BLETCHLEY PARK - HEREFORDSHIRE, ENGLAND - 1941

Every morning a stack of intercepted messages arrived. Thousands of letters. Meaningless. The men and women of Hut 8 had eighteen hours to find the needle, before midnight reset the haystack.

The haystack contained approximately 10²³ possible configurations.

A lesson in mathematics and code

The Battle of the Atlantic was the longest continuous military campaign of World War II. German U-boats, guided by encrypted radio traffic, were sinking Allied convoys faster than they could be replaced. Winston Churchill later wrote that the only thing that ever truly frightened him was the U-boat peril.

Every tactical order, every fleet position, every weather report was encrypted on the Enigma machine, a device the German high command believed to be mathematically unbreakable. They were right that brute force would fail. They were wrong about everything else.

"The Enigma was not broken by brilliance alone. It was broken by the systematic application of a 178-year-old theorem about conditional probability."

The people who broke it

Five figures you should know

Alan Turing

1912 – 1954

Mathematician · Head of Hut 8

Led the effort to break Naval Enigma. Designed the Bombe machine.
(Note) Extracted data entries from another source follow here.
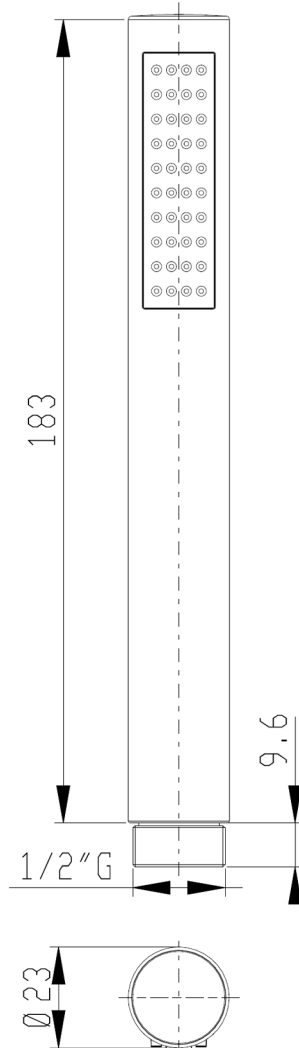

Descrizione	Doccetta in ABS e silicone con sistema anticalcare.
Colore	Cromo
Codice fornitore	
Codice catalogo	
Peso	-

LO PRESTI
casa arredò

Independently invented sequential Bayesian inference, calling it Banburismus, years before it appeared in the academic statistics literature.
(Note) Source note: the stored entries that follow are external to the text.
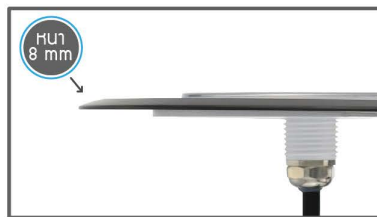

JESTA

WIN WIN POOL

SLIM LED SLB23018

Underwater Light

ไฟใต้น้ำ Underwater Light ชนิด LED แบบแปะผนังรุ่น Slim Version 2 ขนาด 18W สี Metal Grey ดีไซน์บางเฉียบ โคมหนาเพียง 8 มิลลิเมตร ช่วยเพิ่มสีสันให้สระว่ายน้ำของคุณดูทันสมัย

Model SLB23018

FEATURES

LED Type

SMD2835

Installation

Wall Mounted

Frame Color

Metal Grey

Waterproof Standard

IP68

Warranty

2 Years

ชิปหลอดไฟ LED จำนวน 252 ดวง

ตัวกรอบดวรวโคมใช้วัสดุ
Stainless Steel 316
ความหนาเพียง 8 มิลลิเมตร

โคมไฟแบบแปะผนัง ติดตั้งง่าย

COLOR OPTIONS

"The weight-of-evidence framework Turing built at Bletchley is now a cornerstone of modern statistical inference."

Joan Clarke

1917 – 1996

Cryptanalyst · Deputy head of Hut 8

One of the finest cryptanalysts at Bletchley Park. Worked directly alongside Turing breaking Naval Enigma. Despite outperforming many of her male colleagues, she was officially graded as a 'linguist', the only category that permitted a woman to be paid at her level.

"Turing argued personally for her promotion and later said she was indispensable to the work of Hut 8."

I.J. Good

1916 – 2009

Statistician · Turing's assistant at Hut 8

Worked directly alongside Turing on Banburismus. After the war, he was the first to publish a rigorous account of Turing's Bayesian methods. Later pioneered Bayesian analysis in academic statistics.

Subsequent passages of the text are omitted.